GIVEN ENTRIES ->
####

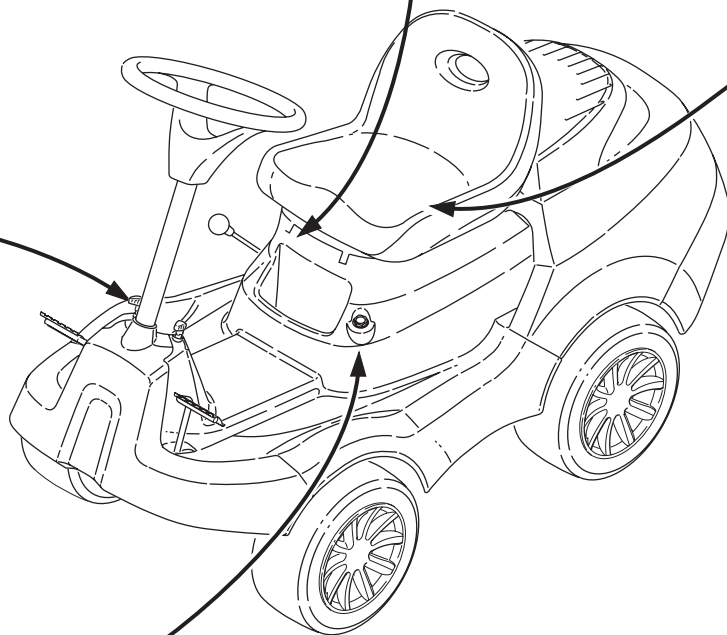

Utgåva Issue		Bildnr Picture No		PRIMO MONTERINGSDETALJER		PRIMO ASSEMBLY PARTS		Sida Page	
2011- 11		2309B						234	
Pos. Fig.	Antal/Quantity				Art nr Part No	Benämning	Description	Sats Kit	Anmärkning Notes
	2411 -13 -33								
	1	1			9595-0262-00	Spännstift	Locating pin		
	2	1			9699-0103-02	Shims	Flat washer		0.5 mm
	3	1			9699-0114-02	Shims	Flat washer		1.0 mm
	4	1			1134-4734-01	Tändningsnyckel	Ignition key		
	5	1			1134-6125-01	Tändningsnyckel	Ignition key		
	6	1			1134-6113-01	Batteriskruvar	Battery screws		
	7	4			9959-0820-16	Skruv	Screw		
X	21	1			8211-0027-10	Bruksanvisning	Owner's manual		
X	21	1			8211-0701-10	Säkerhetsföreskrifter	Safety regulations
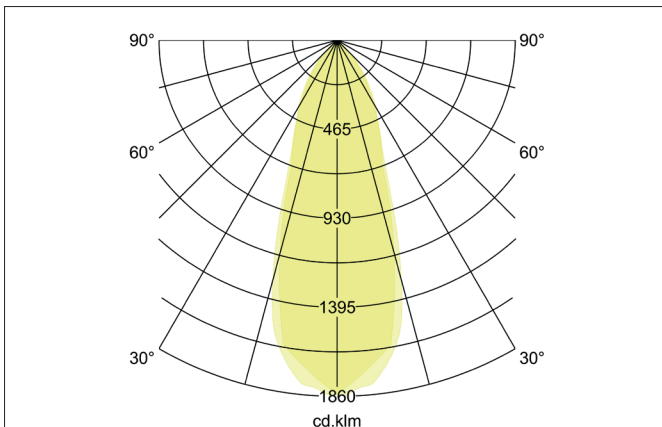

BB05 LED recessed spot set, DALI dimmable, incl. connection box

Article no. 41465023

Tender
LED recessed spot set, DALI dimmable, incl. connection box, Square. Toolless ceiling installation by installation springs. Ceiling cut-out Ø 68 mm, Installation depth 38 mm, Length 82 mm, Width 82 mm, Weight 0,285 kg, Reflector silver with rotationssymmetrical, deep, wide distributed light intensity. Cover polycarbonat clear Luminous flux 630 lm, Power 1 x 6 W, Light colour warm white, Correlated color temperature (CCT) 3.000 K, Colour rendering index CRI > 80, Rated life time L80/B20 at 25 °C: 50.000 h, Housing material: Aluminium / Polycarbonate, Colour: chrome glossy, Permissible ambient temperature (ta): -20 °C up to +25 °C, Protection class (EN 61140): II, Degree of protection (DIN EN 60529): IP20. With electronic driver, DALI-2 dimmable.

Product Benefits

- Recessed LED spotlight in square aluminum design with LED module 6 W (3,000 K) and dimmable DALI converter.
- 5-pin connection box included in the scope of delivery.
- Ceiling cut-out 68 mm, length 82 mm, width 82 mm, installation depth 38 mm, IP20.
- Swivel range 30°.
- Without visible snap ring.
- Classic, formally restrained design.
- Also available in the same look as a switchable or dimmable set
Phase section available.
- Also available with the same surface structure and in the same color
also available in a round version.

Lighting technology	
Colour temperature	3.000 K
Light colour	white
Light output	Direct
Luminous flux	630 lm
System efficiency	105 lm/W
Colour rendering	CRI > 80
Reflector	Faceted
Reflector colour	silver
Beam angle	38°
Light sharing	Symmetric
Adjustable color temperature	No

####

Look through the listing and return each line containing the word "depth".

ANSWER BELOW ->
LED recessed spot set, DALI dimmable, incl. connection box, Square. Toolless ceiling installation by installation springs. Ceiling cut-out Ø 68 mm, Installation depth 38 mm, Length 82 mm, Width 82 mm, Weight 0,285 kg, Reflector silver with rotationssymmetrical, deep, wide distributed light intensity. Cover polycarbonat clear Luminous flux 630 lm, Power 1 x 6 W, Light colour warm white, Correlated color temperature (CCT) 3.000 K, Colour rendering index CRI > 80, Rated life time L80/B20 at 25 °C: 50.000 h, Housing material: Aluminium / Polycarbonate, Colour: chrome glossy, Permissible ambient temperature (ta): -20 °C up to +25 °C, Protection class (EN 61140): II, Degree of protection (DIN EN 60529): IP20. With electronic driver, DALI-2 dimmable.
- Ceiling cut-out 68 mm, length 82 mm, width 82 mm, installation depth 38 mm, IP20.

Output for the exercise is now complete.